“No More Cane on the Brazos” or Affordable Housing in Austin

Image Credit
Illustration by M. Scott Byers
The local affordability crisis is part of the national inequality crisis.

How hard is it to find affordable housing these days? Let’s start in Sugar Land, where the old bones of more than 30 newly disinterred, turn-of-the-20th-century prison inmates can no longer afford their final resting places.

The bodies have to move to make way for the local school district’s “new career center.” Figures. The poor souls no doubt finished their careers as forced labor convicts, the sort who sang as they worked, “No more cane on the Brazos,” where you can “find a dead man on every road.”

In Austin, as in so many urban areas in Texas and around the country, people are experiencing a so-called “housing cost burden.” That’s think-tank jargon for “the rent is too damn high!” We’re all going to need new careers if we want to keep living in the city.

Here’s Austin, a prosperous city experiencing a building boom at a time of full employment and a healthy economy. And people can’t afford to live here. This isn’t what we meant by “Keep Austin Weird.”

The crisis is hitting the middle class, minority neighborhoods, and enclaves of musicians and artists. In other words, it’s the soul of the city that’s hurting. Good luck to the rest of us who will either save its soul or try to thrive without it.

Who do we blame? What to do we do?

First, let’s recognize that the local affordability crisis is part of the national inequality crisis. It’s no longer the rich get richer. The multiple-home rich already got richer while the middle-class and poor – those who seek only one modest home – are getting shooed from town away all the way to their graves.

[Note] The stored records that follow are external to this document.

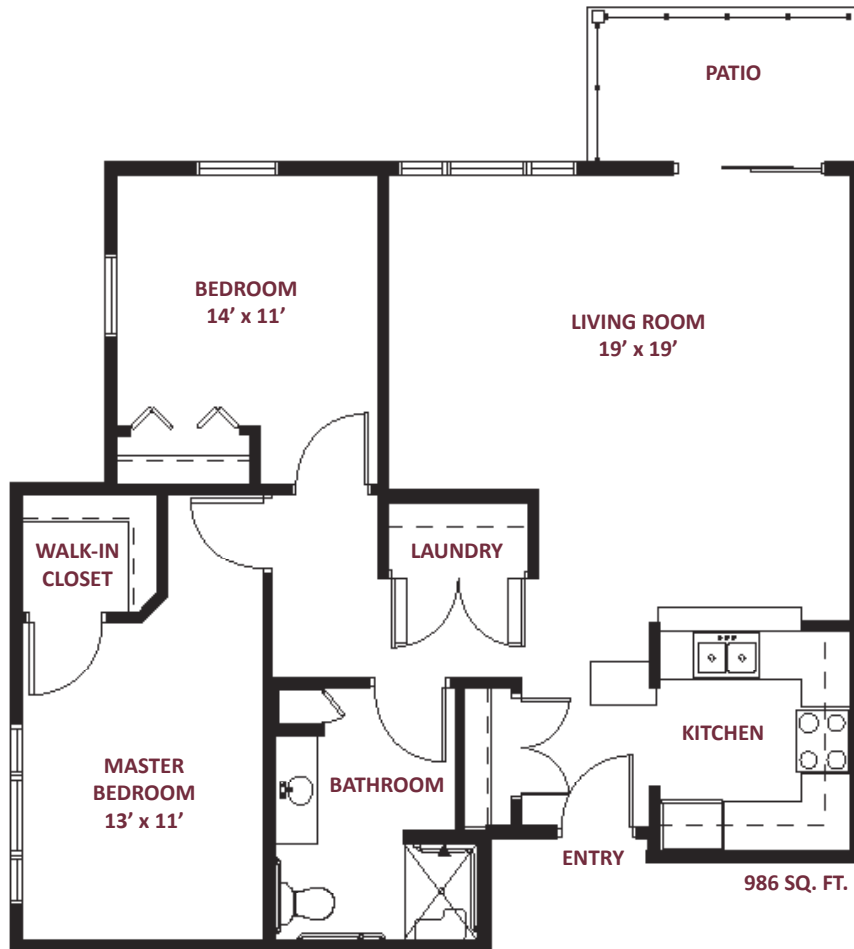

this is living!®

TWO BEDROOM/ONE BATH • UNIT A

Independent Living

this is living!®

ONE BEDROOM/ONE BATH • UNIT B O R E (HANDICAP)

Independent Living

707 SQ. FT.

this is living!®

TWO BEDROOM/ONE BATH • UNIT C

Independent Living

936 Sq. Ft.

this is living!®

TWO BEDROOM / ONE BATH • UNIT D

Independent Living

this is living!®

ONE BEDROOM/ONE BATH • UNIT G

Independent Living

908 Sq. Ft.

this is living!®

TWO BEDROOM/TWO BATH • UNIT K

Independent Living

1511 Sq. Ft.
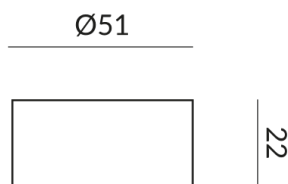

## Technical specifications

**Body color**

chrome

**Weight**

0.08 kg

These large-scale economic forces are exacerbated in places like Austin, where unrealistic, no-growth advocates think, “If we don’t build it, they won’t come.” Well, Austin didn’t build adequate roads, public transportation or housing — and the people came anyway.

No, the no-growth attitude didn’t stop the already-affluent from moving here to enjoy the Austin lifestyle they’d heard so much about. But it is forcing the less affluent — the soul of the city, as noted above — to head for the hills.

This article originally appeared in the Austin American-Statesman. Glenn W. Smtih is a senior strategist for Progress Texas. 

Well, not the hills. Those are already full of McMansions. Think of the Balcones Fault as a “big, beautiful wall” — so to speak — keeping the less fortunate to the flatlands through, uh, no fault of their own.

We can’t let state government off the hook either. Many here in Austin and other urban areas of Texas will point to skyrocketing property taxes as a culprit in the affordability crisis. Well, those local rates have gone up because the Republicans in charge of state government have grossly underfunded public schools, abandoned public health care to local taxpayers and failed to meet infrastructure responsibilities.

There is good news, however. Let’s start with Austin-area voters. In 2017, the voters approved Travis County roads, parks, and greenspace bonds by more than 70 percent. They also approved Austin Independent School District bonds by more than 70 percent. Clearly, Austin voters are in a “prepare for the future” frame of mind.

The unholy alliance of no-growthers and conservative “aginners” appears to be breaking down under the weight of overburdened infrastructure, overcrowded streets and unaffordable housing.

Also, both the city of Austin and Travis County appear to be moving in the right direction. The city’s Strategic Housing Blueprint is bold and thorough. Of course, it’s just a blueprint — and we can’t build homes or drive on blueprints. But it’s a vision, and a good one.

As noted, Travis County is doing its part. For instance, the Commissioners Court in 2016 approved creation of Public Improvement Districts to prepare for growth with attention to parks, mass transit, employment opportunities and affordable housing.

We’re all going to have to fight for changes in state leadership and state law, though there’s plenty to do locally in the meantime.

In the end, it’s up to us to save the soul of the city. Recent election results show we’re ready to take the hammers in our hands and build an urban area for all of us. It’s only about saving our soul. No pressure.